Dataset records:

——

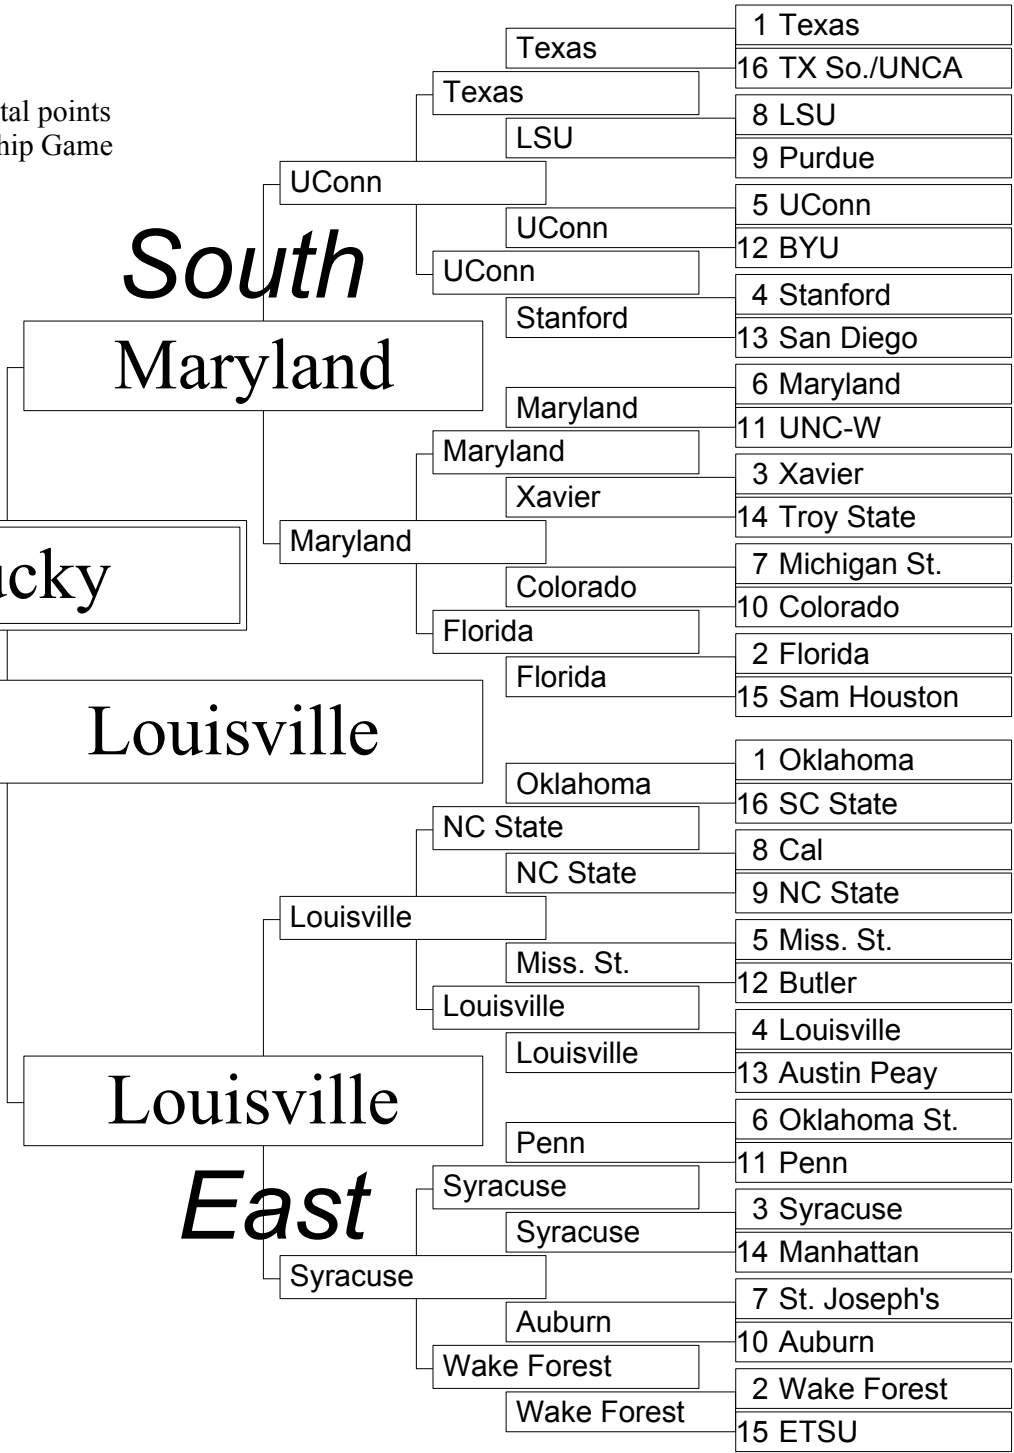

Jennifer Olsen's Picks

Tiebreaker: total points
in Championship Game

143

- 1 Kentucky
- 16 IUPUI
- 8 Oregon
- 9 Utah
- 5 Wisconsin
- 12 Weber St.
- 4 Dayton
- 13 Tulsa
- 6 Missouri
- 11 So. Illinois
- 3 Marquette
- 14 Holy Cross
- 7 Indiana
- 10 Alabama
- 2 Pitt
- 15 Wagner
- 1 Arizona
- 16 Vermont
- 8 Cincinnati
- 9 Gonzaga
- 5 Notre Dame
- 12 Wisc.-Mil.
- 4 Illinois
- 13 Western KY
- 6 Creighton
- 11 C. Michigan
- 3 Duke
- 14 Colorado St.
- 7 Memphis
- 10 Arizona St.
- 2 Kansas
- 15 Utah St.

- Kentucky
- Kentucky
- Oregon
- Kentucky
- Weber St.
- Tulsa
- Tulsa
- Missouri
- Missouri
- Holy Cross
- Missouri
- Alabama
- Pitt
- Pitt
- Arizona
- Arizona
- Gonzaga
- Arizona
- Notre Dame
- Illinois
- Illinois
- C. Michigan
- Duke
- Duke
- Duke
- Memphis
- Kansas
- Kansas

Midwest

Kentucky

Kentucky

Arizona

West

South

Maryland

Louisville

Louisville

East

- 1 Texas
- 16 TX So./UNCA
- 8 LSU
- 9 Purdue
- 5 UConn
- 12 BYU
- 4 Stanford
- 13 San Diego
- 6 Maryland
- 11 UNC-W
- 3 Xavier
- 14 Troy State
- 7 Michigan St.
- 10 Colorado
- 2 Florida
- 15 Sam Houston
- 1 Oklahoma
- 16 SC State
- 8 Cal
- 9 NC State
- 5 Miss. St.
- 12 Butler
- 4 Louisville
- 13 Austin Peay
- 6 Oklahoma St.
- 11 Penn
- 3 Syracuse
- 14 Manhattan
- 7 St. Joseph's
- 10 Auburn
- 2 Wake Forest
- 15 ETSU
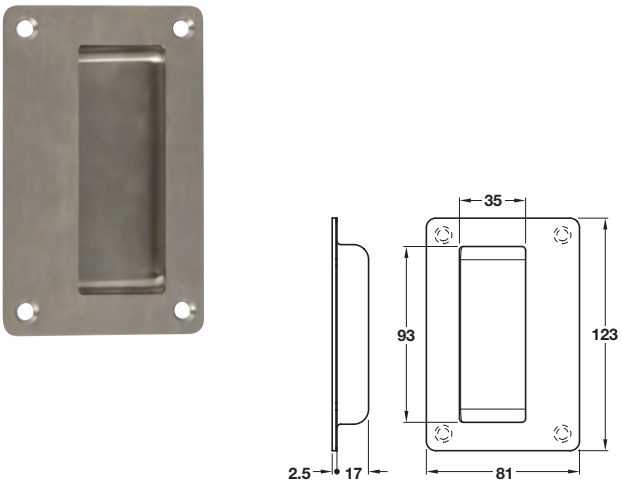

Anti-ligature escutcheons

- > To use with standard DIN lock cases
- > Solid stainless steel
- > Order qty: 1 set

Finish	Cat. No.
Satin stainless steel	902.52.310

Anti-ligature pull handle on backplate

- > Solid stainless steel
- > Order qty: 1 pc

Finish	Cat. No.
Satin stainless steel	903.06.830

Anti-ligature flush pull handle

- > Solid stainless steel
- > Order qty: 1 set

Finish	Cat. No.
Satin stainless steel	903.06.840
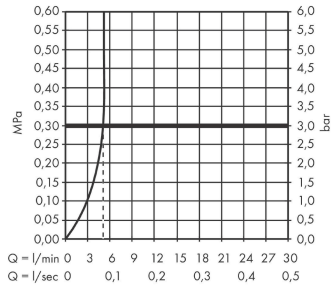

Logis

Single lever basin mixer 110 Fine without waste set

Finish: **Chrome** Article Number: **71253000**

Description

product features

- ComfortZone 110
- projection: 121 mm
- spout height: 110 mm
- handle variant: lever handle
- spray type: normal spray
- maximum flow rate at 3 bar: 5 l/min
- ceramic cartridge
- temperature limitation adjustable
- suitable for continuous flow water heaters
- connection type: G 3/8 connections
- connection dimension: DN15
- aerator can be easily removed with the help of a coin and without tools
- EU taxonomy: max. 6 l/min - Substantial Contribution (SC) possible

Technology

Product image

Scale drawing

Logis

Single lever basin mixer 110 Fine without waste set

Finish: **Chrome** Article Number: **71253000**

Flowchart

Logis
Single lever basin mixer 110 Fine without waste set
 Finish: **Chrome** Article Number: **71253000**
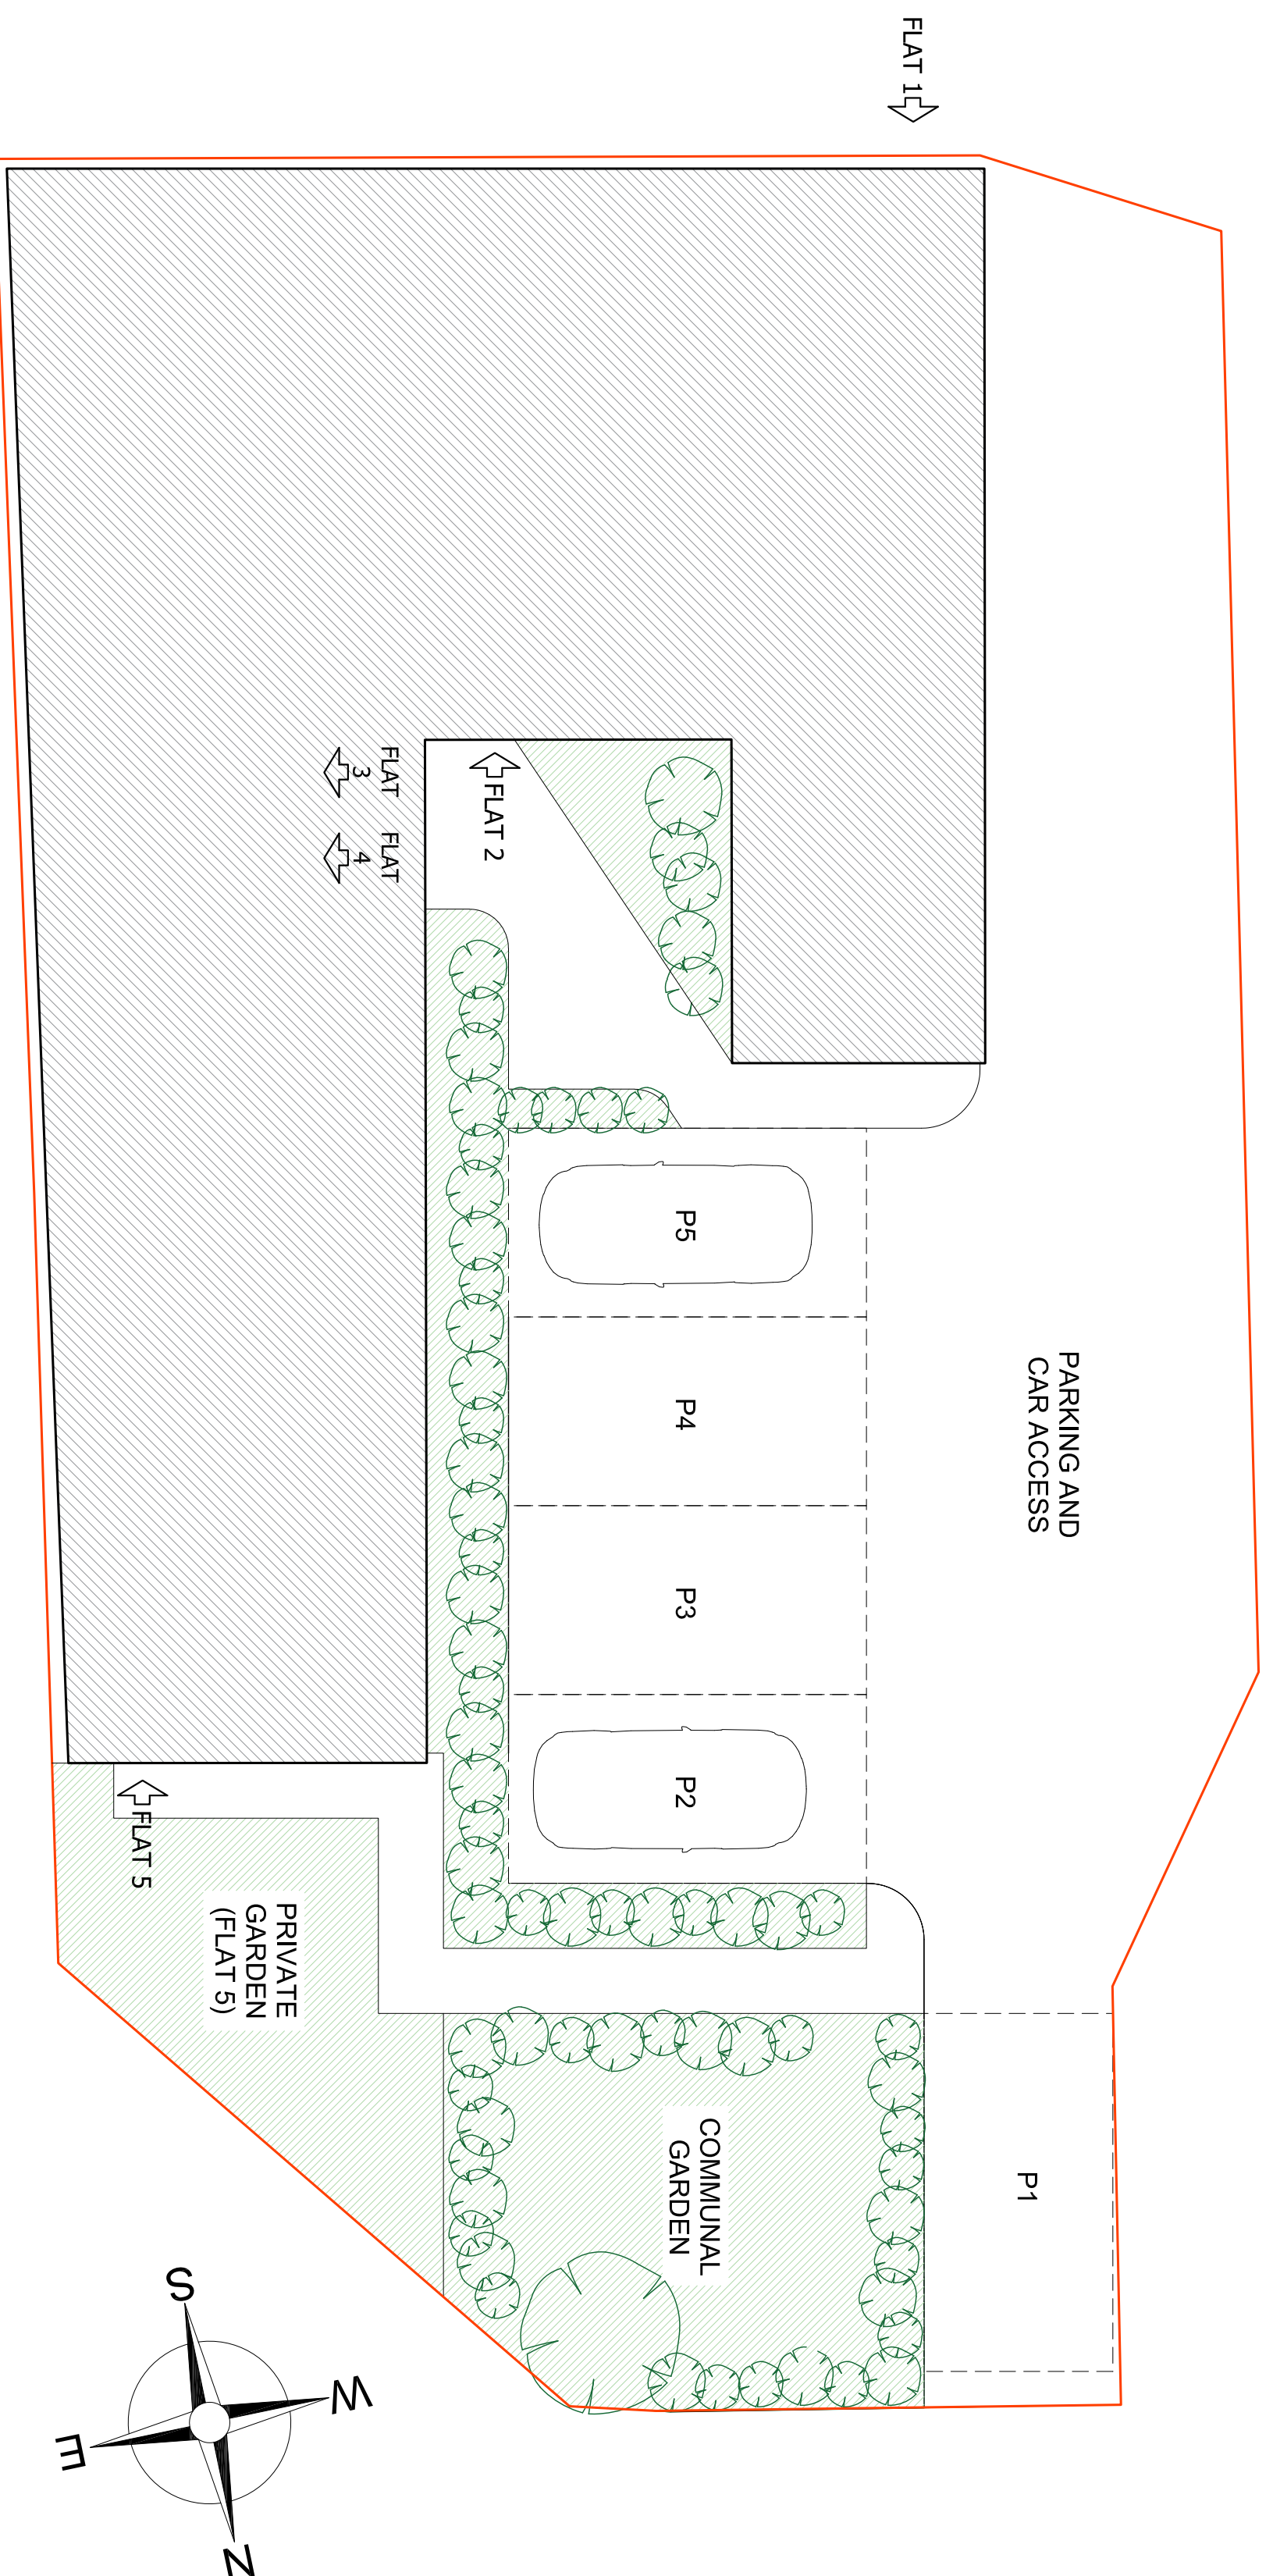

ACCOMMODATION SCHEDULE (approx. areas)	
	FLAT 1 - 75 sqm (2 STOREY)
	FLAT 2 - 63 sqm (1 STOREY)
	FLAT 3 - 65 sqm (2 STOREY)
	FLAT 4 - 51 sqm (1 STOREY)
	FLAT 5 - 105 sqm (1 STOREY)

SITE PLAN

FIRST FLOOR PLAN

GROUND FLOOR PLAN

THE OLD BANK - SOUTHMINSTER

——

* [What needs to be done]:
Retype each line of the records exactly as it reads; no pictures belong in the copy.

* [Written response]:
Jennifer Olsen's Picks

Tiebreaker: total points
in Championship Game

143

- 1 Kentucky
- 16 IUPUI
- 8 Oregon
- 9 Utah
- 5 Wisconsin
- 12 Weber St.
- 4 Dayton
- 13 Tulsa
- 6 Missouri
- 11 So. Illinois
- 3 Marquette
- 14 Holy Cross
- 7 Indiana
- 10 Alabama
- 2 Pitt
- 15 Wagner
- 1 Arizona
- 16 Vermont
- 8 Cincinnati
- 9 Gonzaga
- 5 Notre Dame
- 12 Wisc.-Mil.
- 4 Illinois
- 13 Western KY
- 6 Creighton
- 11 C. Michigan
- 3 Duke
- 14 Colorado St.
- 7 Memphis
- 10 Arizona St.
- 2 Kansas
- 15 Utah St.

- Kentucky
- Kentucky
- Oregon
- Kentucky
- Weber St.
- Tulsa
- Tulsa
- Missouri
- Missouri
- Holy Cross
- Missouri
- Alabama
- Pitt
- Pitt
- Arizona
- Arizona
- Gonzaga
- Arizona
- Notre Dame
- Illinois
- Illinois
- C. Michigan
- Duke
- Duke
- Duke
- Memphis
- Kansas
- Kansas

Midwest

Kentucky

Kentucky

Arizona

West

South

Maryland

Louisville

Louisville

East

- 1 Texas
- 16 TX So./UNCA
- 8 LSU
- 9 Purdue
- 5 UConn
- 12 BYU
- 4 Stanford
- 13 San Diego
- 6 Maryland
- 11 UNC-W
- 3 Xavier
- 14 Troy State
- 7 Michigan St.
- 10 Colorado
- 2 Florida
- 15 Sam Houston
- 1 Oklahoma
- 16 SC State
- 8 Cal
- 9 NC State
- 5 Miss. St.
- 12 Butler
- 4 Louisville
- 13 Austin Peay
- 6 Oklahoma St.
- 11 Penn
- 3 Syracuse
- 14 Manhattan
- 7 St. Joseph's
- 10 Auburn
- 2 Wake Forest
- 15 ETSU

Anti-ligature escutcheons

- > To use with standard DIN lock cases
- > Solid stainless steel
- > Order qty: 1 set

Finish	Cat. No.
Satin stainless steel	902.52.310

Anti-ligature pull handle on backplate

- > Solid stainless steel
- > Order qty: 1 pc

Finish	Cat. No.
Satin stainless steel	903.06.830

Anti-ligature flush pull handle

- > Solid stainless steel
- > Order qty: 1 set

Finish	Cat. No.
Satin stainless steel	903.06.840

Logis

Single lever basin mixer 110 Fine without waste set

Finish: **Chrome** Article Number: **71253000**

Description

product features

- ComfortZone 110
- projection: 121 mm
- spout height: 110 mm
- handle variant: lever handle
- spray type: normal spray
- maximum flow rate at 3 bar: 5 l/min
- ceramic cartridge
- temperature limitation adjustable
- suitable for continuous flow water heaters
- connection type: G 3/8 connections
- connection dimension: DN15
- aerator can be easily removed with the help of a coin and without tools
- EU taxonomy: max. 6 l/min - Substantial Contribution (SC) possible

Technology

Product image

Scale drawing

Logis

Single lever basin mixer 110 Fine without waste set

Finish: **Chrome** Article Number: **71253000**

Flowchart

Logis
Single lever basin mixer 110 Fine without waste set
 Finish: **Chrome** Article Number: **71253000**

ACCOMMODATION SCHEDULE (approx. areas)	
	FLAT 1 - 75 sqm (2 STOREY)
	FLAT 2 - 63 sqm (1 STOREY)
	FLAT 3 - 65 sqm (2 STOREY)
	FLAT 4 - 51 sqm (1 STOREY)
	FLAT 5 - 105 sqm (1 STOREY)

SITE PLAN

FIRST FLOOR PLAN

GROUND FLOOR PLAN

THE OLD BANK - SOUTHMINSTER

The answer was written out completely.